Example 1: The set "Candy"Lets take the set "Candy." So members of the set are individual pieces of candy. If you take a piece of candy, and drop it on the ground, is it still candy? I say, according to the 5-second rule, I would still eat it, so it's still candy. That means that our set Candy is closed under the operation "drop."
What if I take two pieces of candy, x and y, and stick them together--stick(x,y)--to make a new piece of candy. Since what comes out of stick(x.y) is a piece of candy, Candy is closed under stick. Note: it only works if both operands are candy.
Now let's say that I take a piece of candy, x, and feed it to a bird. Then later, after digesting the candy, the bird leaves some droppings on my car (assume the droppings came from the candy, and we'll call this bird(x)). Is bird(x) candy? No way. So Candy is not closed under bird.
An important part of closure is that when we say that the set is "closed under" an operation, it has to be true for everything in the set. So even if all kinds of candies--except for one--were still candy after the bird() operation, Candy would still not be closed under bird(). Next is an example of closure that is more formal.
Example 2: The set of Integers
Can you think of some operations that the integers are closed under? One is addition. But the integers are not closed under division.
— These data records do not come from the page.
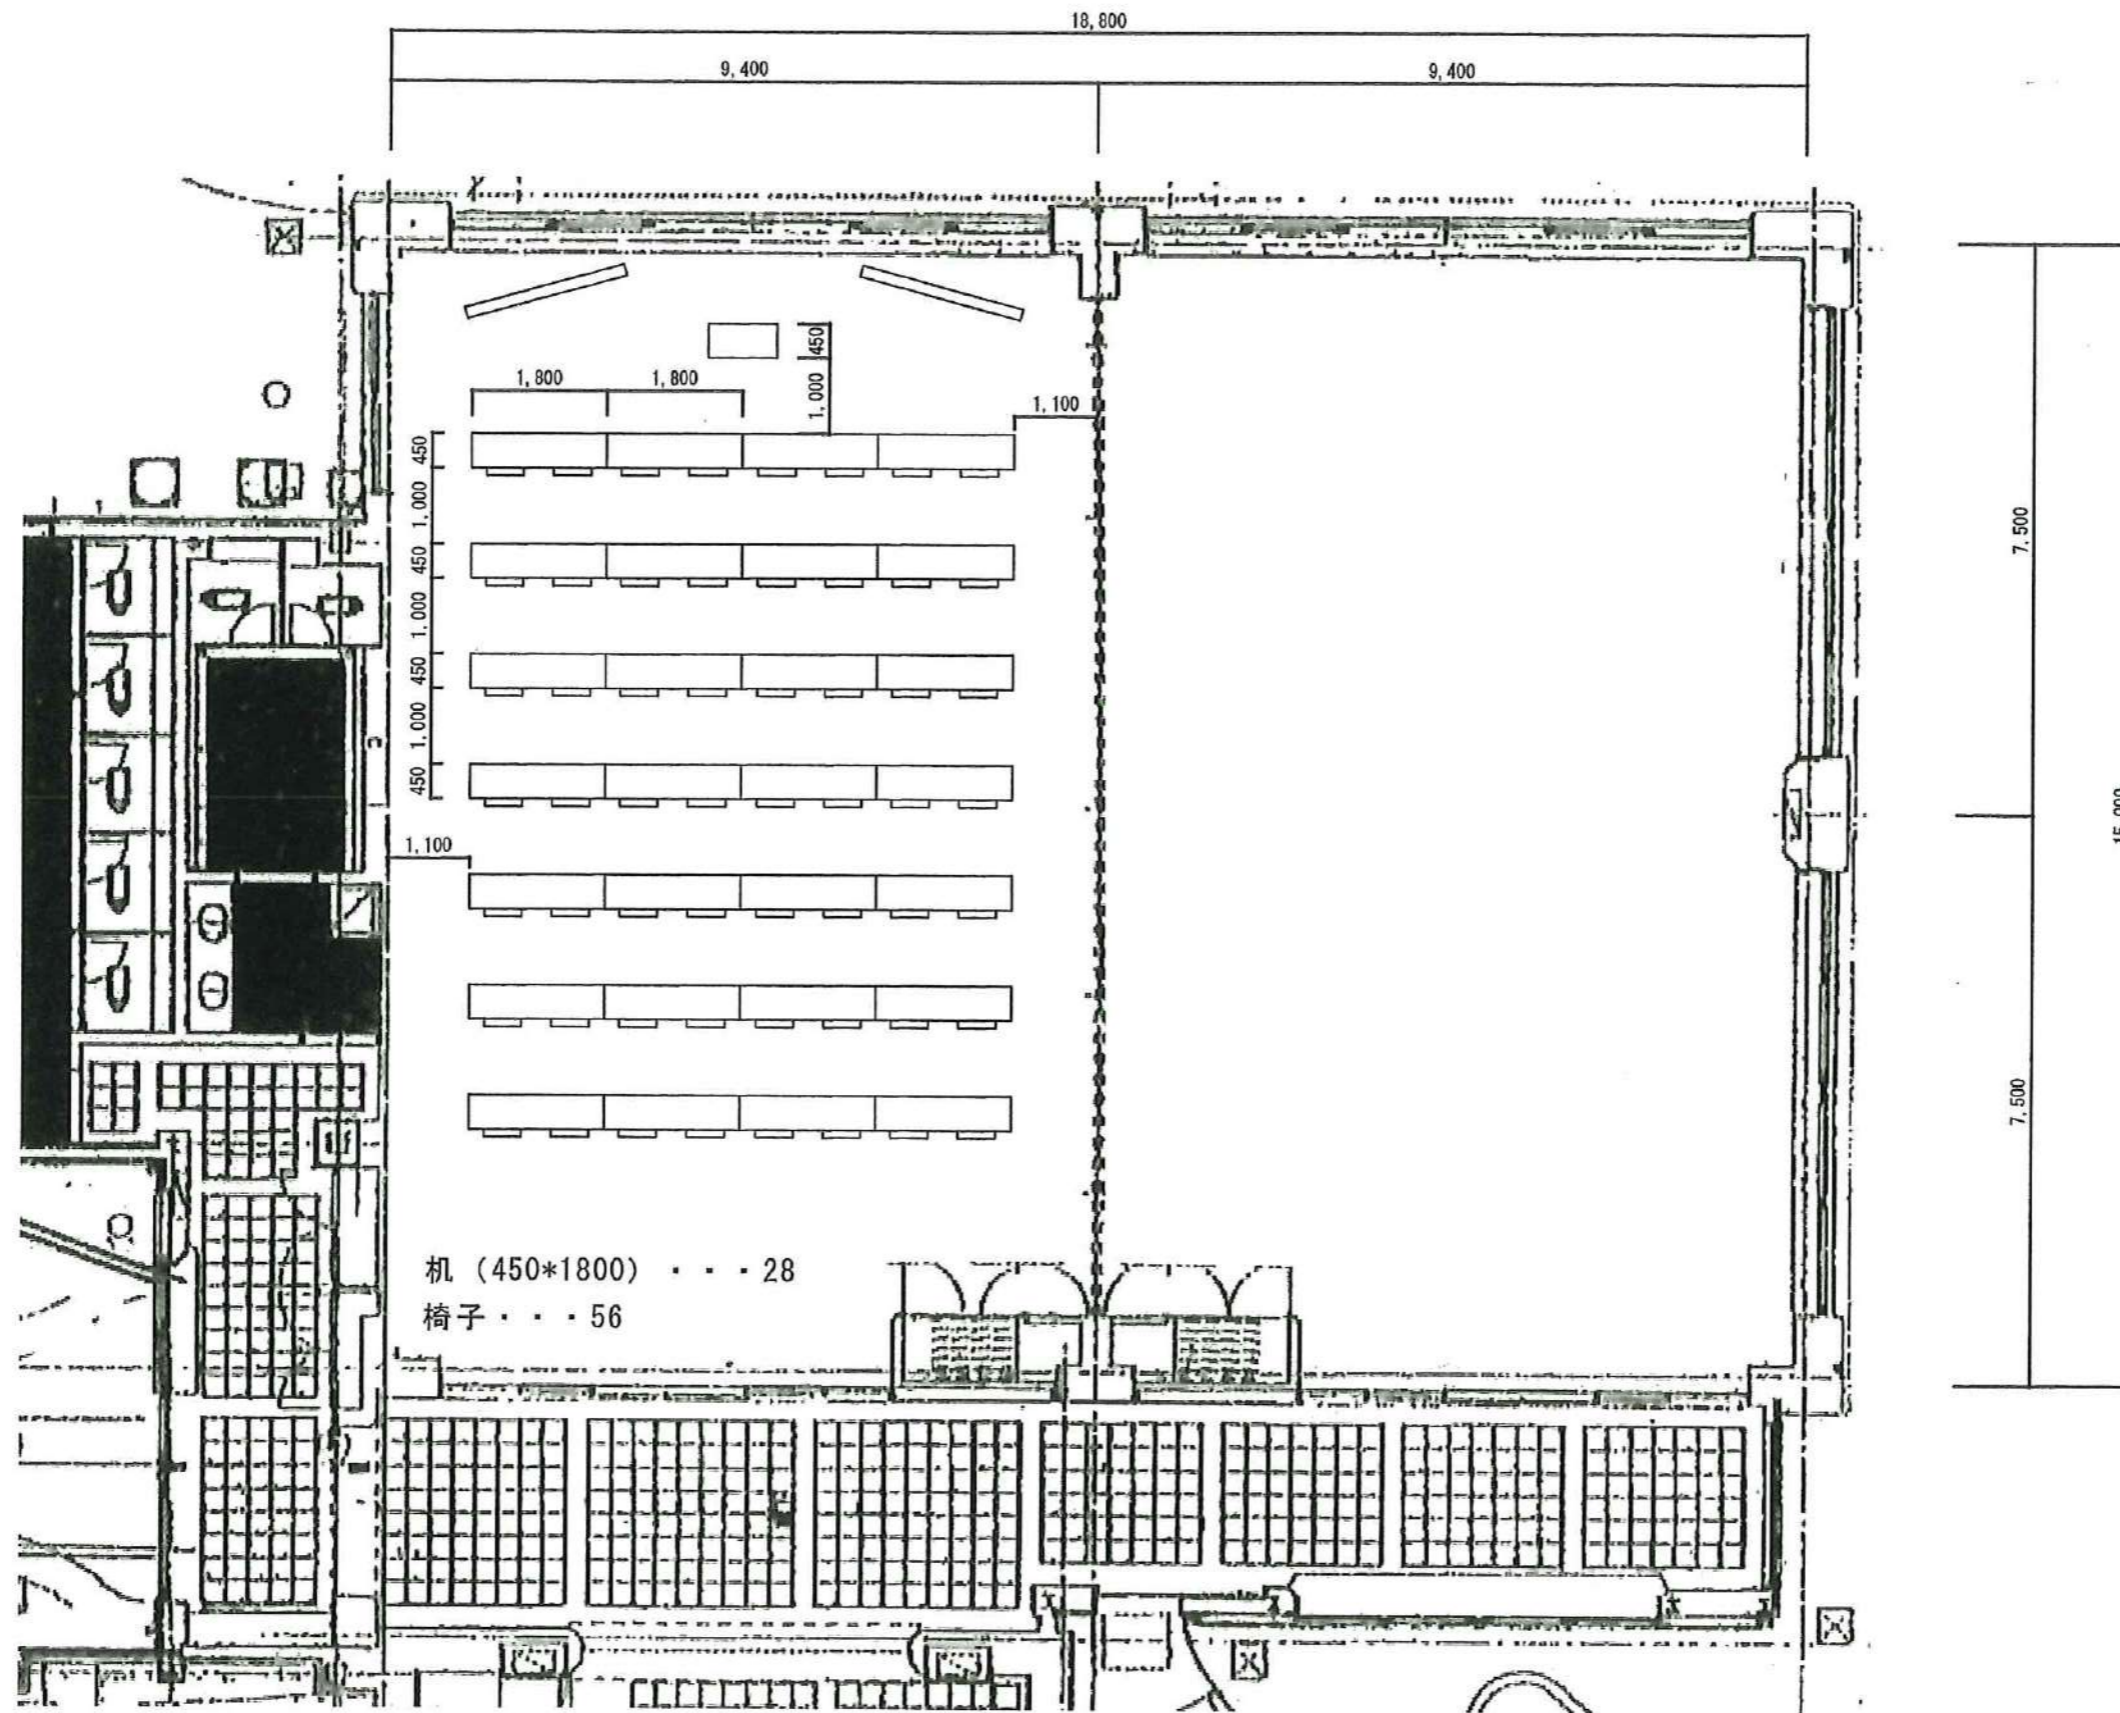

4501,000

4501,000 4501,000 4501,000 4501,000 4501,000

1,800 1,800 1,800 1,800 1,800 1,800 1,800 1,800 1,800 1,800

机 (450*1800) . . . 50
椅子 . . . 100

7,500

7,500

15,000

スクール形式

レイアウト (会議 : 1/2スパン)

口の字形式

It works sometimes--for example 12/3 = 4 (all integers)--but remember that it has to work all the time.
Closure Properties (memorize these) | ||
|---|---|---|
| The set of [set] | is [closed under/not closed under] | the operation [operation]. |
| Regular Languages | closed under | union, intersection, complement, concatenation, "*" operator |
| Context-Free Languages | closed under | union, concatenation, "*" operator |
| Context-Free Languages | not closed under | intersection, complement |